In the past, there have been numerous attempts to automate the data extraction process. OCR method is one of the most common tools to extract the complete data in one big string but fails to arrange data systematically when complex invoices are processed and delivers inaccurate results.

Then there are several solutions that are based on OCR templates and rules.

In order to use these Template driven solutions, the users have to define ‘One set of template and rules per invoice layout.’ That means you have to define 1000’s of templates if you have 1000’s suppliers. This results in increased time and costs for the organization. Also, a template-driven approach may work when you have a small number of suppliers to deal with. The moment your suppliers start increasing rapidly, the speed of defining new templates should match up. Besides, even small changes in the existing supplier invoices will cause the data extraction to fail. So organizations have to continuously keep maintenance and support activities ongoing when they adopt a templates driven approach.

Our Solution : KlearStack - Data Extraction using AI

KlearStack  was developed with a clear goal to provide automated data extraction using AI, which means without using any templates and rules. The question we asked was “Could we train a machine to look at an invoice and make sense of the data on it, just like a human eye does?” With this thought-provoking question in mind, we set out to research various approaches to solve this problem.

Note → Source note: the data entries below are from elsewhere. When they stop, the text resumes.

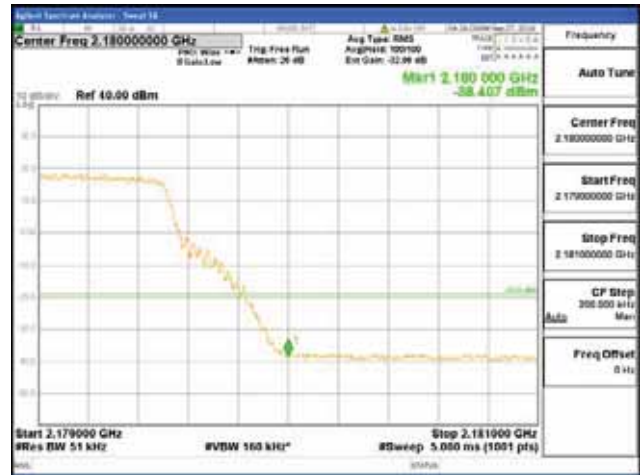

Report No.:
CTK-2017-01618-1
Page (2817) / (2957)
Pages

64QAM

256QAM

ANT 4
Band 66, BW 5MHz + BW 15MHz + BW 10MHz, Multi 3 carrier(Contiguous), 4TX

QPSK

16QAM

CTK Co., Ltd.
(Ho-dong), 113, Yejik-ro, Cheoin-gu,
Yongin-si, Gyeonggi-do, Korea
Tel: +82-31-339-9970
Fax: +82-31-624-9501
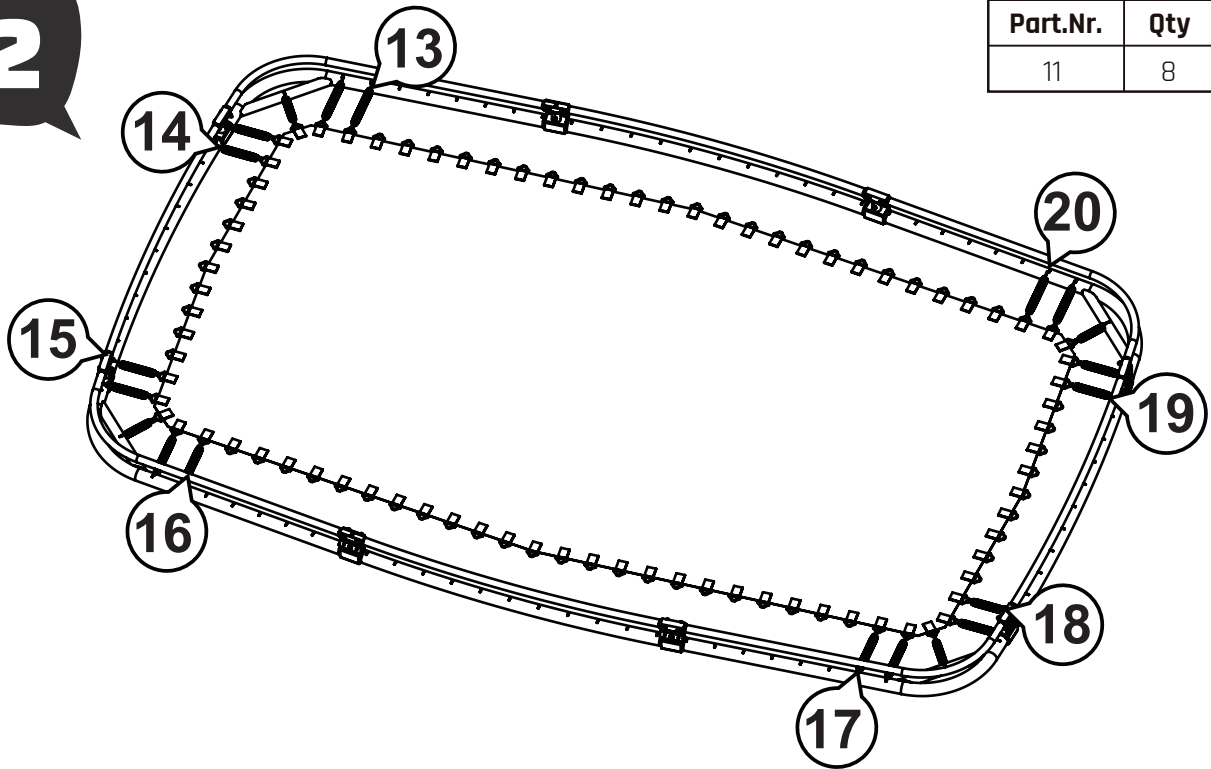

Size	L11	L21	d11	d21
244x427 cm (8x14 ft)	78 cm	36 cm	90 cm	54 cm
275x458 cm (9x15 ft)	82 cm	40 cm	95 cm	59 cm
305x519 cm (10x17 ft)	100 cm	44 cm	95 cm	65 cm

2

Part.Nr.	Qty
1	2
3	2

3

Part.Nr.	Qty
1	2
3	2

x2

Part.Nr.	Qty
18	4
20	4
21	8

10

Part.Nr.	Qty
10	1

11

Part.Nr.	Qty
11	8
12	4

Sports Trampoline

EXIT Dynamic Sports
244x427cm

12
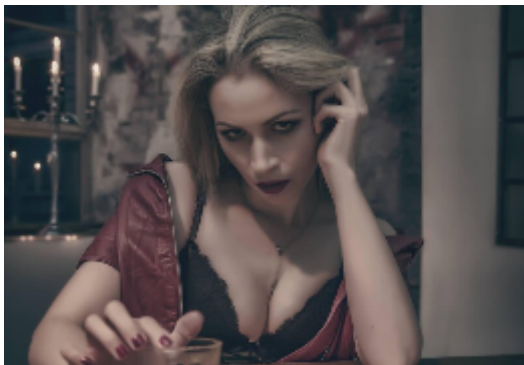

ONLINE-SEDCARD

After many experiments, our data scientists and machine learning developers created our proprietary Machine Learning model to extract specific fields, irrespective of the layouts. The model is continuously trained to understand the data extraction irrespective of layouts and formats/ field naming conventions. This eliminates the need for templates and saves a lot of time and money for the customers.  It facilitates data extraction using AI for financial documents like invoices, PO, Receipts and many more!

KlearStack  can sort and manage the data extraction through deep learning, OCR (Optical Character Reader) and NLR (Natural Language Representation) methods converting them from unstructured to structured data to increase productivity by 200%. The customers have an option to also leverage KlearStack RPA components to take this newly structured data extracted from the invoice to fill customer forms, ERP screens and to reconcile invoices . 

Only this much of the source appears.